[Opening THE INPUT section]

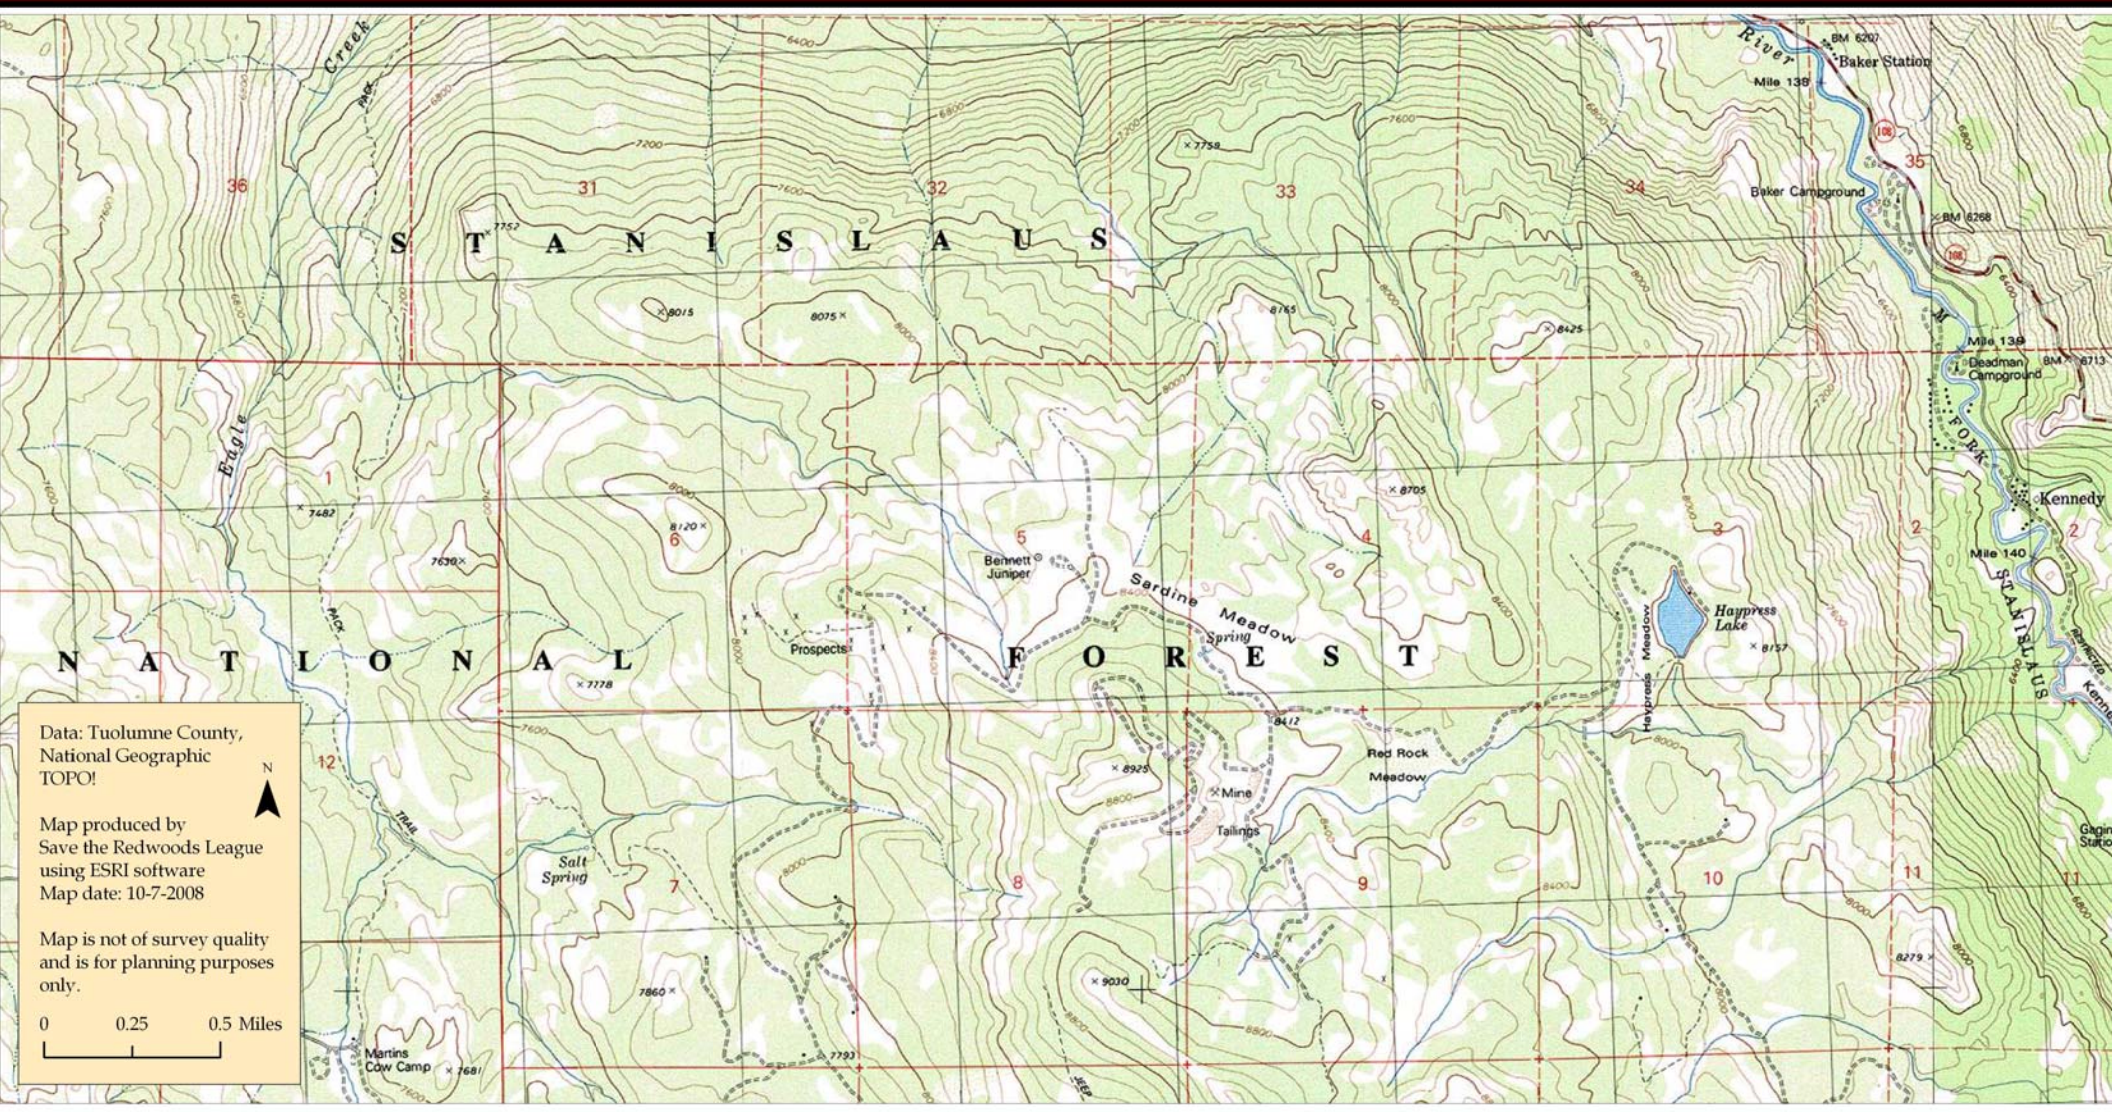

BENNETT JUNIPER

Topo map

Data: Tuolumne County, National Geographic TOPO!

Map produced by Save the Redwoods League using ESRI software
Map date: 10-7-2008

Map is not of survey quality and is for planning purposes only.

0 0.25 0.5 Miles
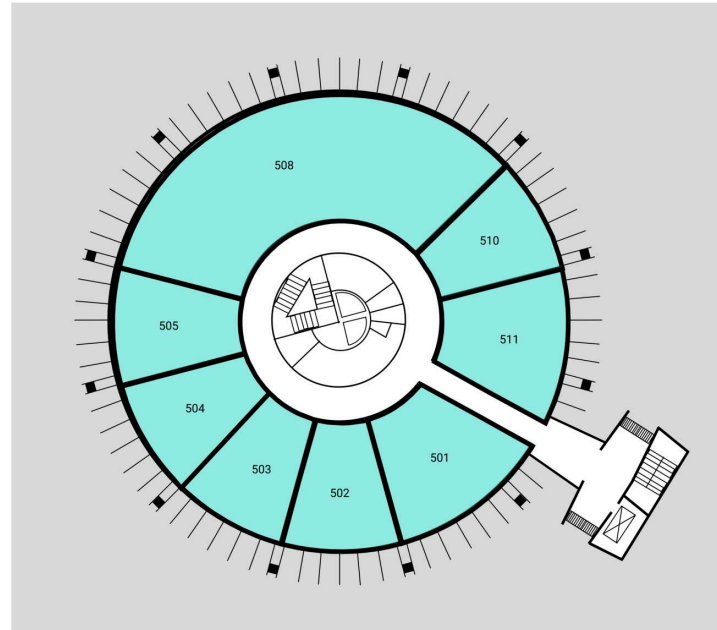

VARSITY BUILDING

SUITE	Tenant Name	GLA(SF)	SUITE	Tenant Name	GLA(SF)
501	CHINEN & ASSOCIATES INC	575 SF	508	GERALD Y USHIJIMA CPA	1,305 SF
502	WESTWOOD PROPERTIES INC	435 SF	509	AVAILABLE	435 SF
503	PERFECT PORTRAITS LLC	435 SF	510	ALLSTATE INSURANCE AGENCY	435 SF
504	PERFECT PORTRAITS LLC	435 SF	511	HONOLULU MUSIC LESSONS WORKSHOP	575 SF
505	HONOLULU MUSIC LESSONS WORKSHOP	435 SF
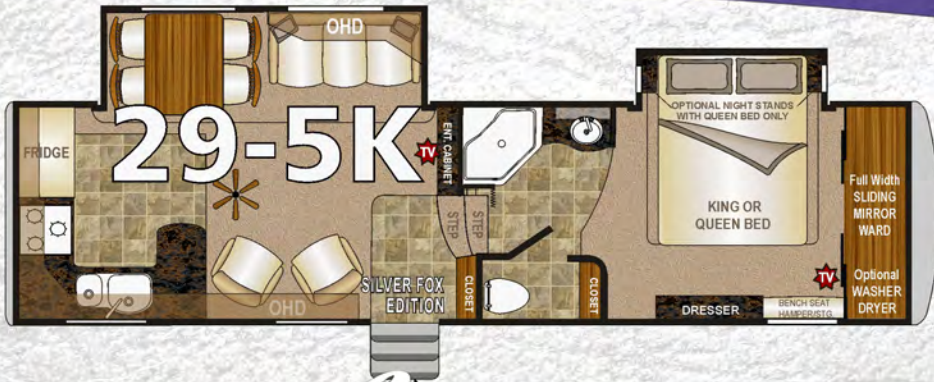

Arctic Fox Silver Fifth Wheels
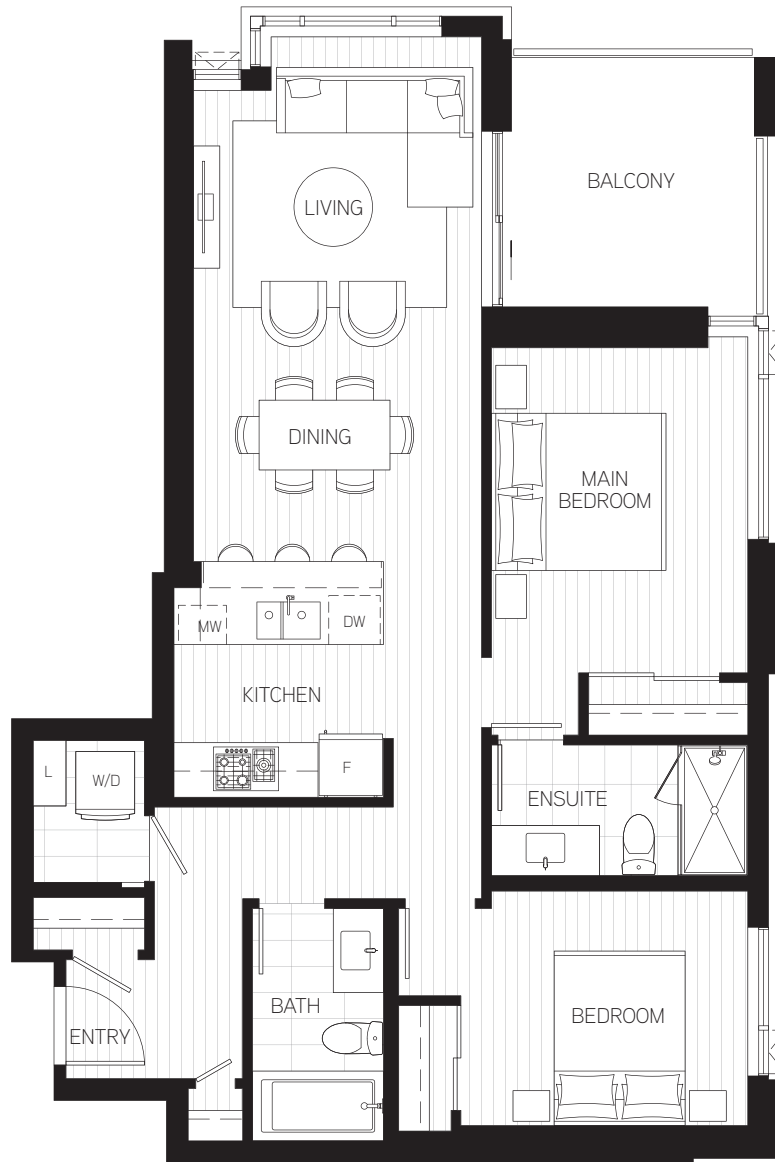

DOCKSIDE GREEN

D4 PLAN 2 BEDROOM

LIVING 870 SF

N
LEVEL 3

[Closing THE INPUT section]

Return all lines of the material above in which "WORKSHOP" occurs.

504	PERFECT PORTRAITS LLC	435 SF	511	HONOLULU MUSIC LESSONS WORKSHOP	575 SF
505	HONOLULU MUSIC LESSONS WORKSHOP	435 SF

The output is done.